The US invaded my country of birth in 2003, when I was one semester shy of finishing my bachelor’s degree at ASU. My family actually supported the Iraq invasion: We were so excited to hope—once more—that Saddam would finally be removed from power. Regardless of how I was being treated in America, I wanted to help, and I also wanted to see the land I was chased out of and never really saw as a child.
I called the Arab-American councils to see if I could volunteer with the military as a translator. They hired me as a linguist, so I put my final semester at ASU on hold and went back to Iraq as a contractor. I thought this was going to be a quick mission, just like the liberation of Kuwait. I hoped that Iraq would begin to prosper again, like it did before Saddam came into power.
When I first arrived in Iraq, I worked at the military installation that had taken over Saddam’s Republican palace, which later became the interim US Embassy. I helped schools in the immediate area and worked with the transition team to hand the Green Zone back to the Iraqi government. Later, as we settled into Iraq, and I was allowed to leave the base, I went to the home I grew up in and walked the streets of my old neighborhood. To my adult eyes, it seemed much more narrow than what I remembered. Everything was different now.
I saw what post-war poverty looked like. People lived in mud homes with bedsheets for doors. Children were so poor they were often naked. Garbage was everywhere, and diseases Iraq had never known before proliferated because of water and food contaminations. Baghdad had once been the pearl of the East—this is where written language was born. But now illiteracy rates were skyrocketing and the glimmer of hope for a future was barely present. I spent my childhood running away from the evil that is in the world. I spent my adulthood fighting the same evil.

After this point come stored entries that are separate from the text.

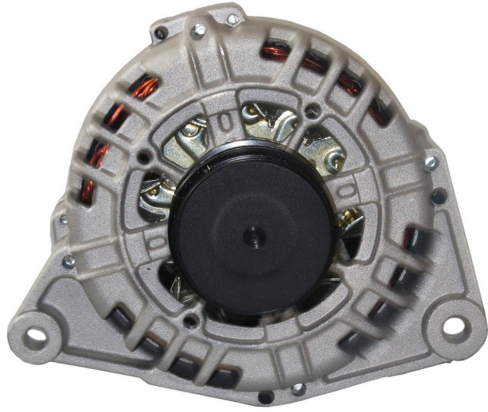

PART No. ALT261CP

OEM : SG12B010
LUCAS : LRA01996
DELCO : DRB4320
ELSTOCK : 28-3900
BOSCH : 0986044320
HC : CA1759IR
FITS : AUDI, SKODA, VW VOLKSWAGEN

TYPE : Valeo SG12B
OUTPUT : 12V, 120A
PULLEY/ TEETH : PVR5
TRANSMISSION : Manual, Semi-Automatic, Automatic, CVT
ADD. INFO: With Clutch Pulley
PRODUCT : ALTERNATOR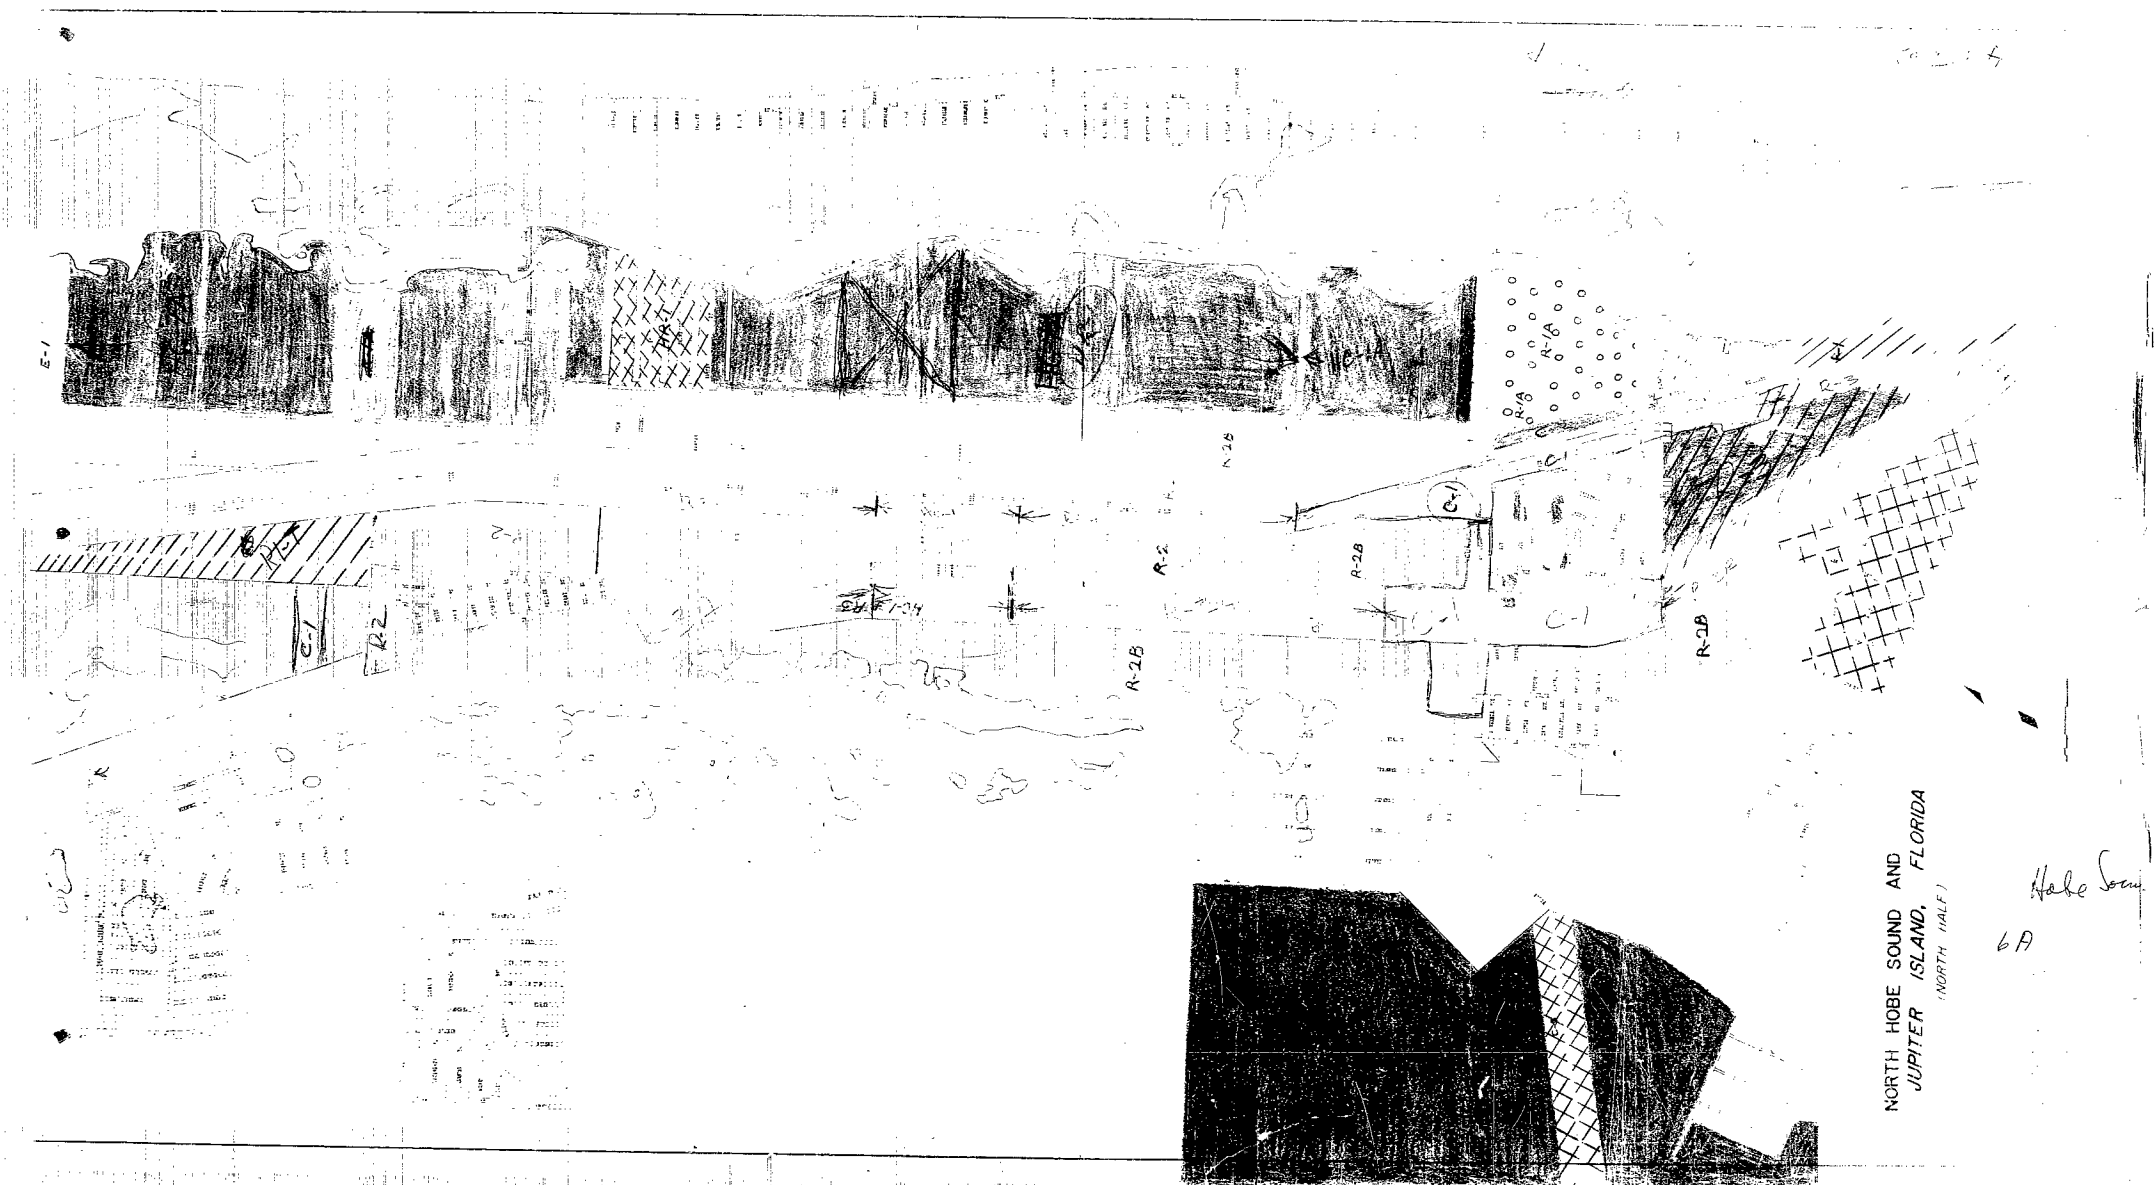

HOBE SOUND ZONING MAP

MARTIN COUNTY, FLORIDA.

SCALE 1"=200'

JUNE, 1956

STAFFORD 310.2
21 - 1956
1:1000
1:1000

Hope Sound Zoning Map
June 1956

Commercial
Light Commercial
Residential

NORTH HOPE SOUND AND
JUPITER ISLAND 2, FLORIDA

THURSDAY, MAY 1, 1968

Hope Sound

6-8

NORTH HOBE SOUND AND
 JUPITER ISLAND, FLORIDA
 (NORTH HALF)

Hole Saw
 6A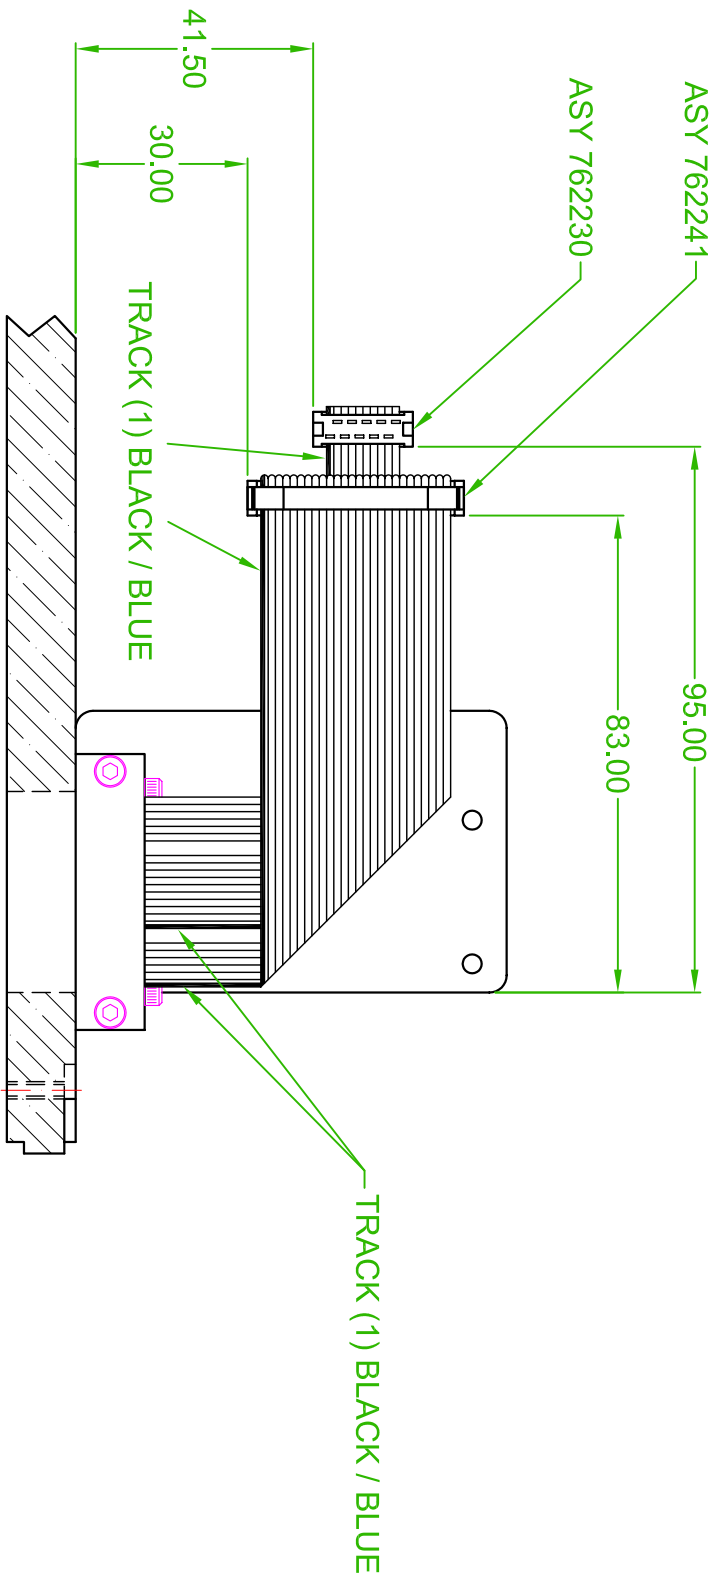

Part View of 53CL Printer Body (Cassette Removed)

View Underside of 53CL Printer (Printhead removed for Clarity)

ISSUE	1	DATE	05 MAY 2004	MOD No	N/A	REASON	N/A
MATERIAL	SEE NOTE ABOVE						
FINISH	NONE						
DRAWN	CWP	CHECKED		SCALE	NONE		
OPEN DATE EQUIPMENT LTD				PART NO	REF 767117

I spent a total of six-and-a-half years in Iraq working in reconstruction assignments. I tried to figure out if we—the Americans—were doing the right thing by invading Iraq, or if this was a just war. I realized that there were a lot of people with good intentions: They wanted to fix things and make it better, but the problem was that they were trying to fix a country that had been broken for a long time. They were trying to stitch the social fabrics of a nation that had been under duress and deteriorating for 40 years, since Saddam came to power. When I came back to America, I told myself that I would never return to Iraq.
The invasion may have ultimately failed, but America as a country did not fail us. After 9/11, America has rebuilt itself as a nation in the same way my family rebuilt itself. Two of my brothers eventually went back to school and became doctors. My sisters both married. I graduated from college, and I’m now an entrepreneur and an MBA candidate. Just like I held onto hope that Saddam would eventually be removed, I am holding onto hope that America will stay united despite the hardships we face, or the messages we receive from right-wing media.
The anniversary of 9/11 reminds me that both America and my family were shaken, but they are trying to heal. After so much blood and tears, we achieved freedom and found a home in a country that saved us from certain death. And if that is not the American dream, I don’t know what is.